However, it is important to note (specially reading by your comments), that command will be executed later on the gpu, so if you plan to reuse that memory you need to have some synchronization mechanisms.

Let's make a simple pseudo code example : You have a buffer called buffer1 (that you already created and mapped), now you have access to its memory via mappedPtr1.

copy data1 to mappedPtr1
call compute shader in commandList
execute CommandList

Now everything will execute properly (for one frame assuming you have synchronization)
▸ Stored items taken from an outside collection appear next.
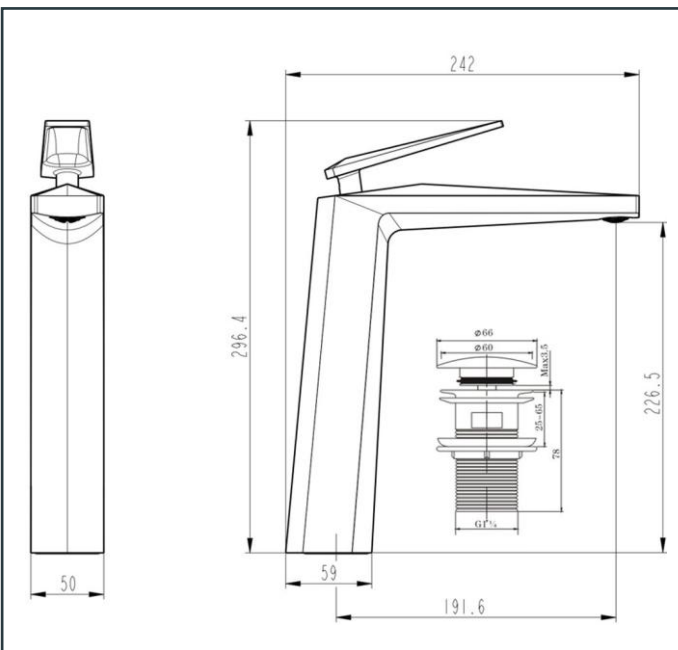

Photo

TECHNICAL DRAWING

Product Information

Item Descriptions:	High single lever basin mixer with pop-up waste set
Model:	LOUVRE
Article No:	310201-BNC
Material:	Brass
Brand:	TREDEX
Finish:	The colour / finish may vary on actual Brushed Neutral Copper_BNC 
Specifications:	<p>High single lever basin mixer 1/2", With pair of flexible connection hoses. With pop-up waste set, with flow rate (at 3 bar): 3.74 l/min.</p> <p>Length: 50 mm Width: 242 mm Height: 296.4 mm</p> <p> Forever Endurance Completed an endurance test, surpassing half a million cycles.</p> <p> Ex-Brass Enhanced health protection resulting from minimal lead content</p> <p> PermaFinish PVD brilliant and long-lasting finish</p> <p> EcoMix Air-infused water provides a luxurious water experience while using lesser water.</p> <p> FlexiStream Manual adjustment of the water stream for an optimal angle selection.</p> <p> Universal Height Ample space between spout and basin allowing greater freedom of movement</p> <p> Eco-Flo Water and energy saving technology</p>
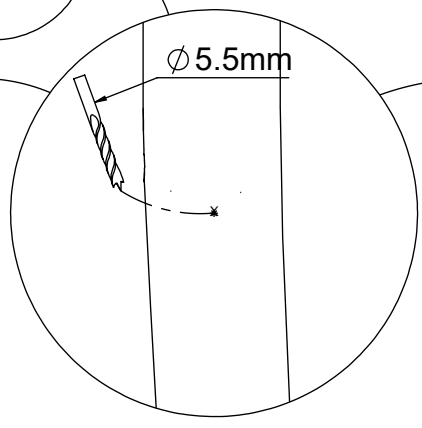

48h

[cm]

x2  
 4,5h  
  
  
 48h

vinci  
play

127320 (A)  
x2

127321 (B)  
x3

127323 (C)  
x3

127324 (D)  
x1

121103  
x3

125120  
x1

1x	12e007
9x	8x160sxt
1x	V001

Ø5.5 mm

Ø8.5mm

[cm]

vinci play

X

X

V

1x 12e007

[cm]

vinci  
play

V001

[cm]

vinci play
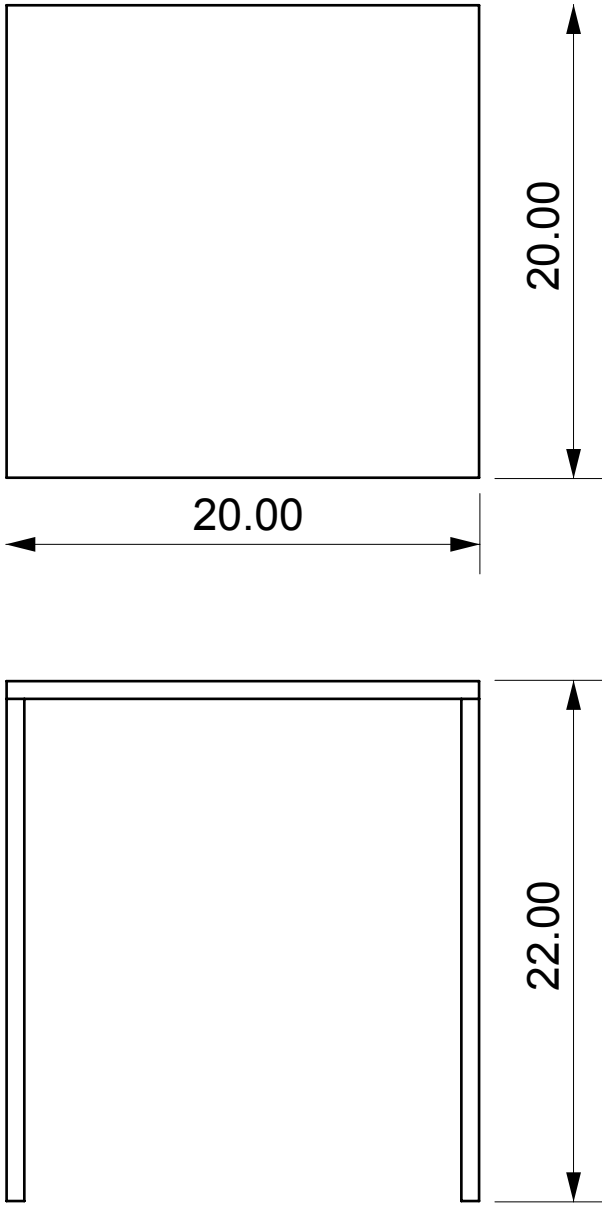

BRICKELL SIDE OR BEDSIDE TABLE - SQUARE

Length	20"
Depth	20"
Height	22"

- Available in 1/2" or 3/4" thick clear acrylic
- Shelf compulsory in 1/2" thick, optional in 3/4" thick
- Shelf if required at 6"H
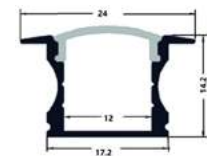

21,7x7,8mm | 2m | Silver

AAP-UR-2M-S-CL 5999097953588

ALU PROFILE "U" 24X14.2MM RECESSED WITH CLEAR COVER 1M

24x14,2mm | 1m | Silver

AAP-UR1714-1M-CL 5999097955001

ALU PROFILE "U" 24.7X7MM RECESSED WITH CLEAR COVER 1M
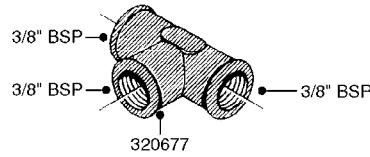

L0020

FITTINGS-T-PIECES, CAPS & ELBOWS
L0020-HIN, 01:01:16

Page 1
Date 16.03.2016 11:17

parts-n°	order qty	description
10053603	1	FITT. CAPNUT 2"BSP 5601
10194303	1	CAP BLANK 1 1/2 MCPHEE 210060
320047	1	FITT.DK CAPNUT 1/2" BSP
320106	1	FITT.DK CAPNUT 1" BSP
320272	1	FITT.DK CAPNUT 3/8" BSP
320316	1	FITT.DK TEE 3/4" X3/4" X1"BSP
320331	1	FITT.DK TEE 1" - 1" - 3/4" BSP
320342	1	FITT.DK EL 3/4"M X 1"F BSP
320563	1	FITT.DK 3 WAY 1/2" 110 DEG.
320677	1	NO LONGER AVAILABLE
320961	1	FITT.DK CAPNUT 1-1/2" BSP
321053	1	FITT.DK TEE 1/2 X1/2 X1/2" BSP
322072	1	FITT.DK TEE 3/8'X3/8'X3/8' BSP
322095	1	FITT.DK TEE 1-1/2 X1-1/4 X3/4" BSP
322138	1	FITT.DK ELB 1"M X 1"F BSP
330013	1	O-RING D15/D10X2.5 F.3/8"NUT
330212	1	O-RING D19/D14X2.4 F.1/2"NUT
330326	1	O-RING D30/D24X2 F.1"NUT
331273	1	O-RING D44/D38X2 F.1-1/2"

Now if you do the following :

copy data1 to mappedPtr1
call compute shader in commandList (1)
copy data2 to mappedPtr1
call compute shader in commandList (1)
execute CommandList

In that case, since you copied data2 at the same place as data1, the first compute shader call will use data2 (at it is the latest available data when you call execute CommandList)
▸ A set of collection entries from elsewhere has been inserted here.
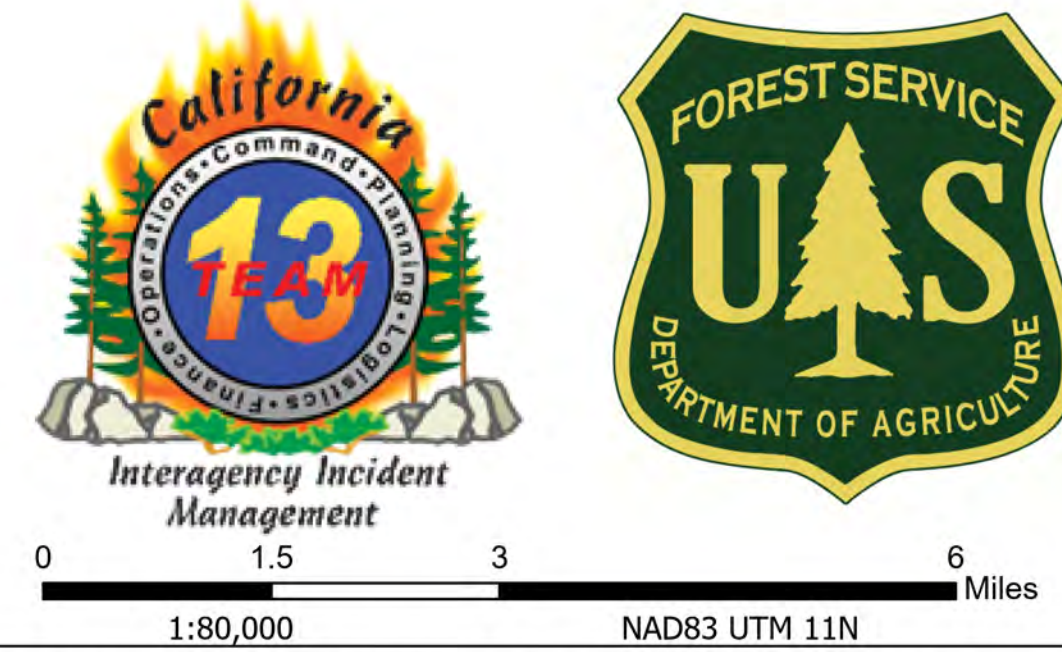

BRIEFING

Caldor

CA-ENF-24030
October 9, 2021
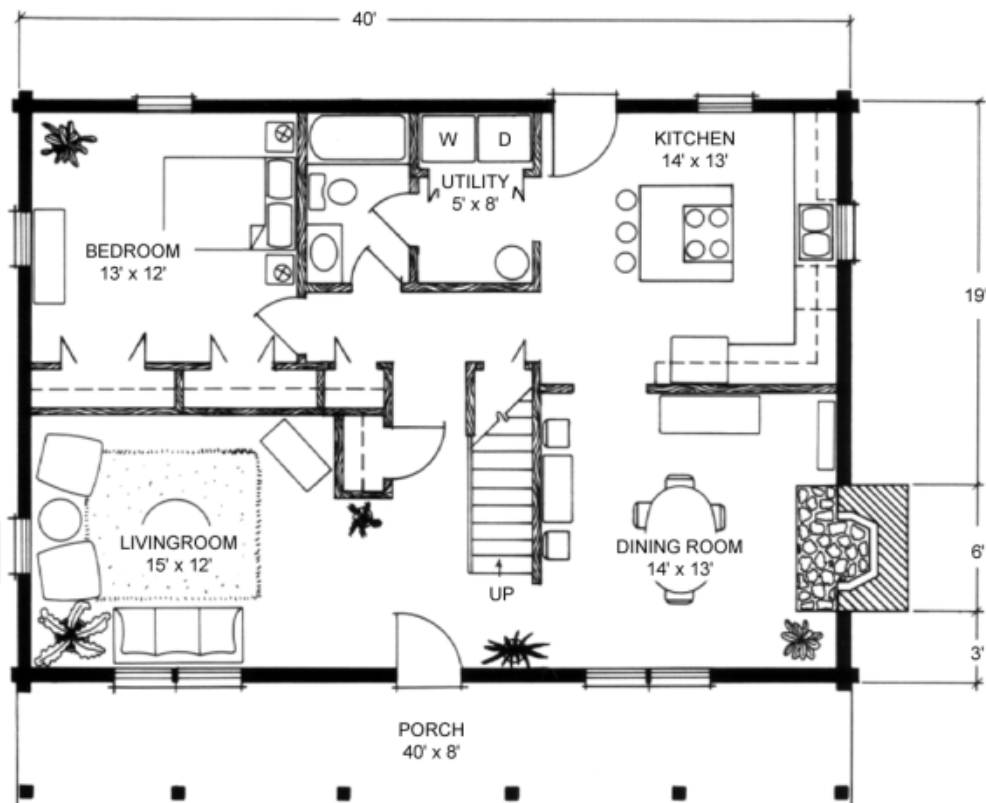

"Your Log Home Partner"

Our Meadowlake home features
4 Bedrooms and 2 Baths with
2,240 Total Heated Square Feet.

SECOND FLOOR

MAIN FLOOR

Now let's have a slightly different example :

copy data1 to mappedPtr1
call compute shader in commandList1
execute CommandList1
copy data2 to mappedPtr1
call compute shader in commandList2
execute CommandList2

What will now happen is undefined, since you do not know when CommandList1 and CommandList2 will be effectively processed.

In case CommandList1 is processed (fast enough) before :

copy data2 to mappedPtr1

then data1 will be the current memory and be used

However, if your commandList is a bit heavier and CommandList1 is not yet processed at the time you finish your call to

copy data2 to mappedPtr1

Which is likely to happen, then both compute will again use data2 when used by the gpu.
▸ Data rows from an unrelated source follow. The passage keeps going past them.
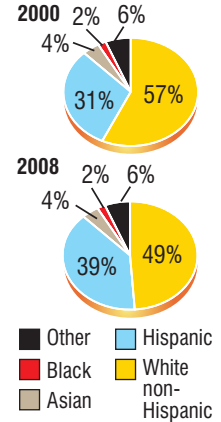

### Ag Values Soar

Stanislaus County annual total of agricultural commodity values: **\$2,473,843,000**

Source: Stanislaus County Agricultural Crop Report, July 2009

### Decade of Unemployment

Stanislaus County Unemployment Rate

Source: California Employment Development Department

## Ethnic Shift

Stanislaus County racial and Hispanic population estimates

U.S. Census Bureau
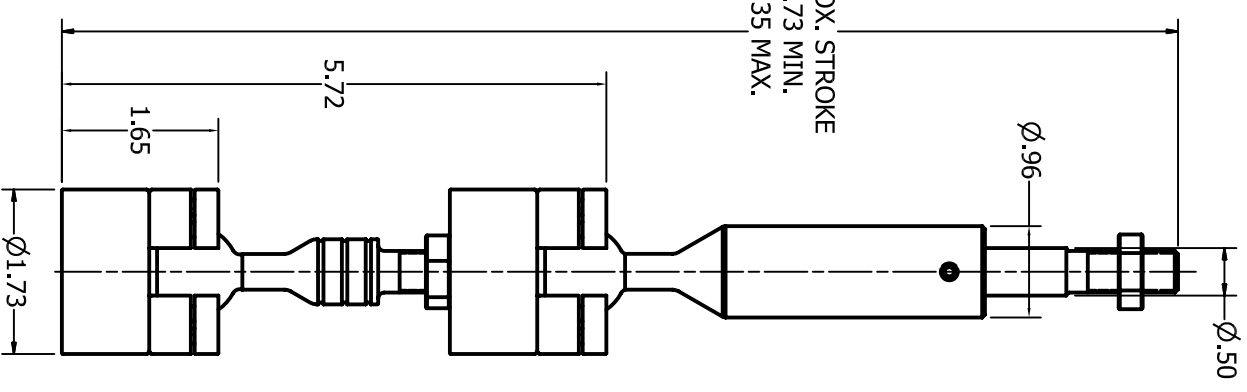

VIEW B-B

SEE LITERATURE
& LABEL FOR
MOUNTING STYLES

APPROX. STROKE
11.73 MIN,
13.35 MAX.

TYPICAL SINGLE
ARTICULATION
THIS VIEW
1/2 SCALE

1B43+1T43
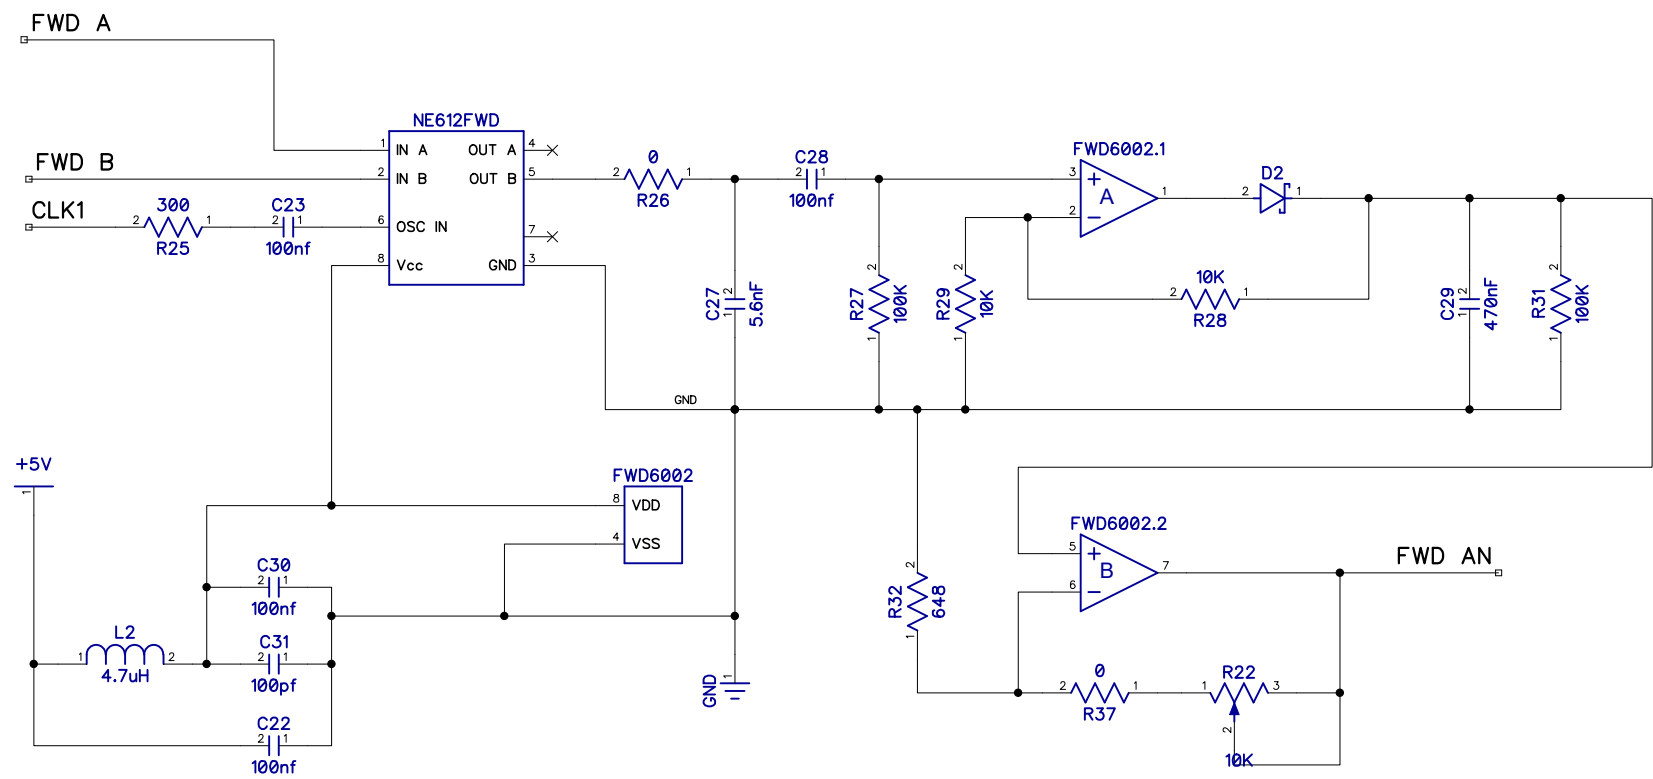

RevNo	Revision note	Date	Signature	Checked
-------	---------------	------	-----------	---------

A

B

C

D

E

F

Itemref	Quantity	Magnetic Loop Tuner			Article No./Reference	
Designed by Dave Trewren	Checked by Dave Trewren	Approved by - date 10-5-21	Magnetic_Loop.dch	10-5-21	Scale 1:1	
Magnetic Loop Tuner			FWD DETECTOR			
			Edition 0		Sheet 1/1

This is because executeCommandList is a non blocking function, when it returns it only means that your commands have been prepared for execution, not that the commands have been processed.

In order to guarantee that you use the correct data at the correct time, you have in that case several options:

1/Use a fence and wait for completion

copy data1 to mappedPtr1
call compute shader in commandList1
execute CommandList1 on commandQueue
attachSignal (1) to commandQueue 
add a waitevent for value (1)  
copy data2 to mappedPtr1
call compute shader in commandList2
execute CommandList2 on commandQueue
attachSignal (2) to commandQueue 
add a waitevent for value (2)

This is simple but is vastly inefficient, since now you wait for your gpu to finish all execution of commandList before to continue any cpu work.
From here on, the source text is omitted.